Your objective> Locate the line bearing "ARTICLE NO : ECO DH200" in the material below, then reproduce it and each following line up to and including the line bearing "All photos and".
──────────────────────────────
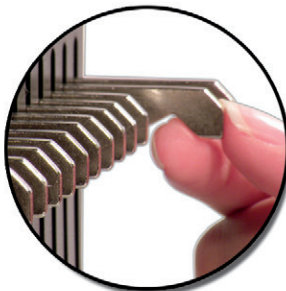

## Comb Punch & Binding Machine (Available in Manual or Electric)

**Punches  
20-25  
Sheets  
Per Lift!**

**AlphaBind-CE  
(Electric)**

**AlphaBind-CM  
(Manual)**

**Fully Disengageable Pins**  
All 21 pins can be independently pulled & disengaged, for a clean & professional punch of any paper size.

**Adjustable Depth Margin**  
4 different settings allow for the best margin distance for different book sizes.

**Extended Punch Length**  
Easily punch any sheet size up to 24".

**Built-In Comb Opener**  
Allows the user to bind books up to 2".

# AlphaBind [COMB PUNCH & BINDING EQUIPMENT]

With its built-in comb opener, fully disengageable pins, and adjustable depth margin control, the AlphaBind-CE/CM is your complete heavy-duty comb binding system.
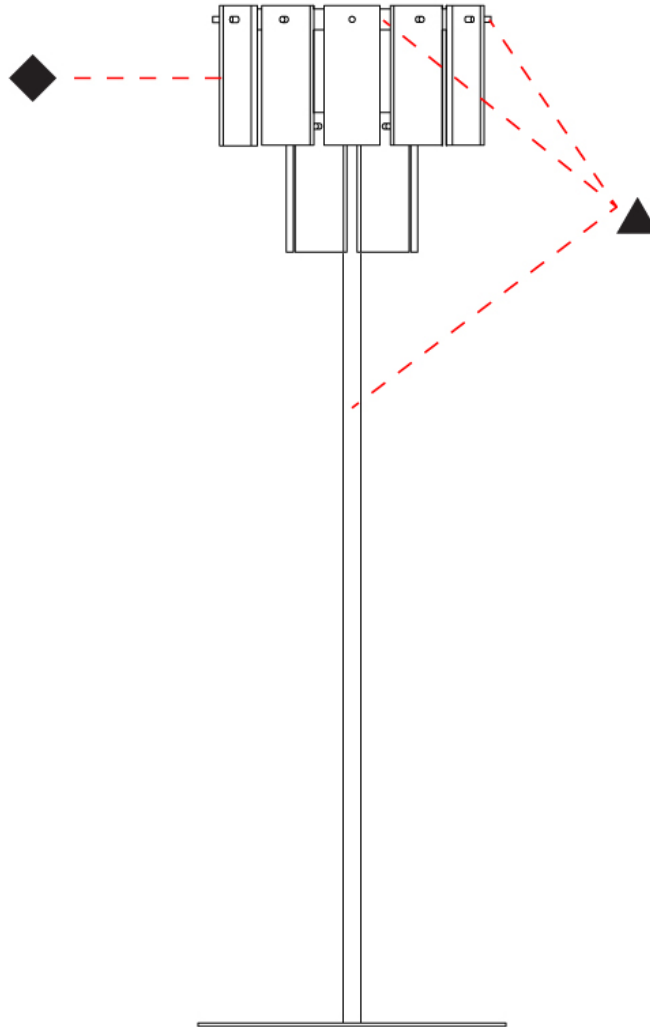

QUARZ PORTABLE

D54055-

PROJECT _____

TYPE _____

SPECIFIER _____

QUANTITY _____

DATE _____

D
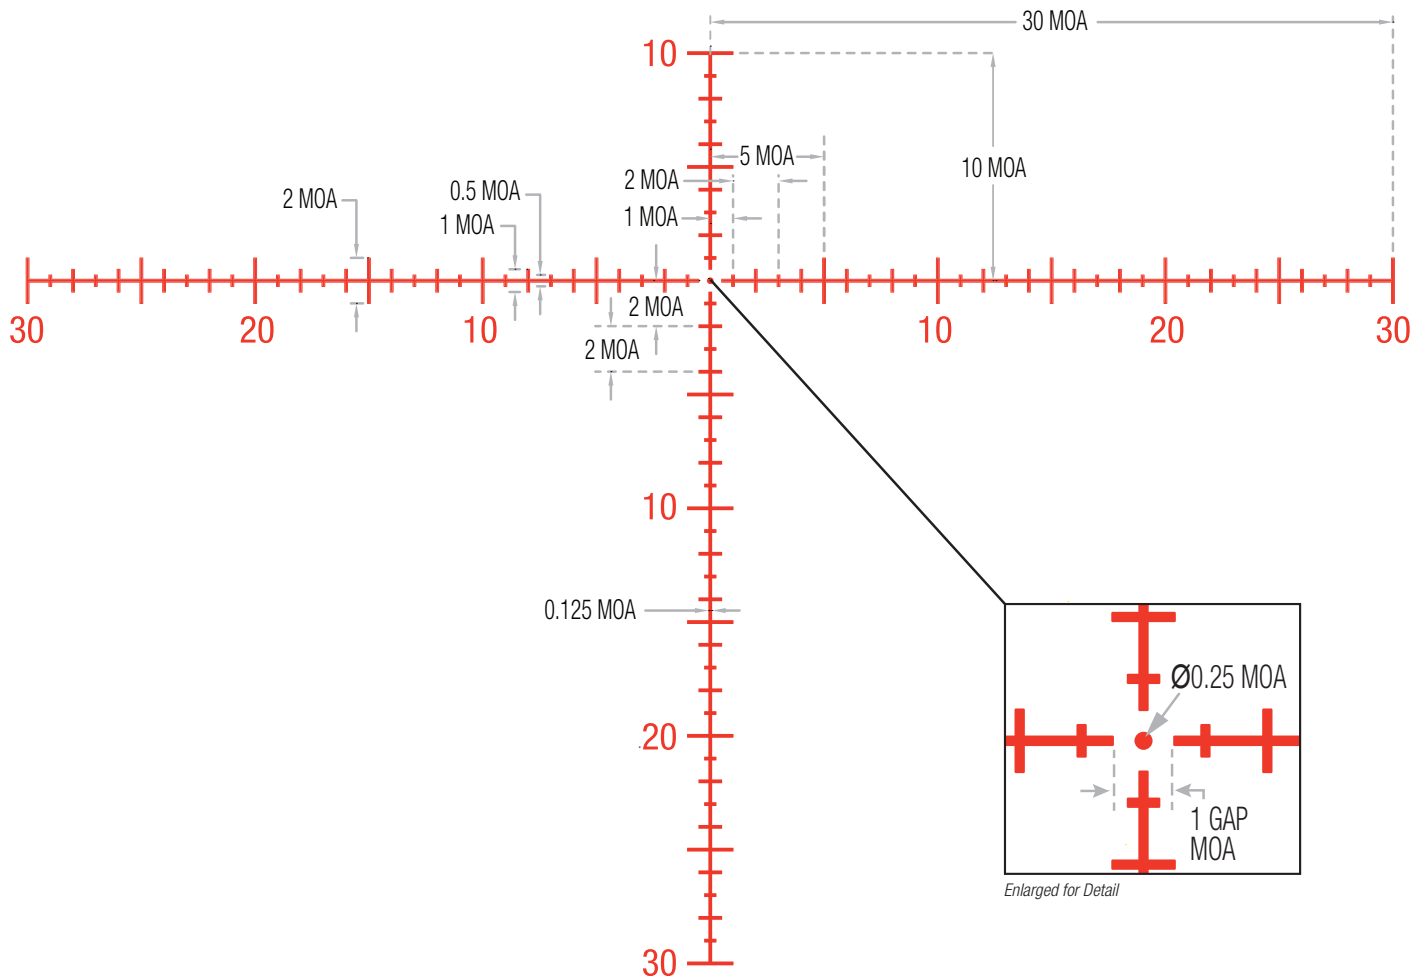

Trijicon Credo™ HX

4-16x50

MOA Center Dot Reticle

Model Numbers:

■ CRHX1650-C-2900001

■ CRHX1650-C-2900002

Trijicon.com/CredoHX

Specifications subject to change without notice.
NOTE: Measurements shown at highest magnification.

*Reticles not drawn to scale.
──────────────────────────────
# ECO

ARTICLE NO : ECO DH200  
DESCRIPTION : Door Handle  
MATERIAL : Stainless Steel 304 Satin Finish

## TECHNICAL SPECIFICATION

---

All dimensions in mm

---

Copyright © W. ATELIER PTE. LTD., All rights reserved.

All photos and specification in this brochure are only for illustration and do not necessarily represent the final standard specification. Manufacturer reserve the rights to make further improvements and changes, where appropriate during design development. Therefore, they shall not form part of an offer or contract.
──────────────────────────────
Solution for this task>
ARTICLE NO : ECO DH200  
DESCRIPTION : Door Handle  
MATERIAL : Stainless Steel 304 Satin Finish

## TECHNICAL SPECIFICATION

---

All dimensions in mm

---

Copyright © W. ATELIER PTE. LTD., All rights reserved.

All photos and specification in this brochure are only for illustration and do not necessarily represent the final standard specification. Manufacturer reserve the rights to make further improvements and changes, where appropriate during design development. Therefore, they shall not form part of an offer or contract.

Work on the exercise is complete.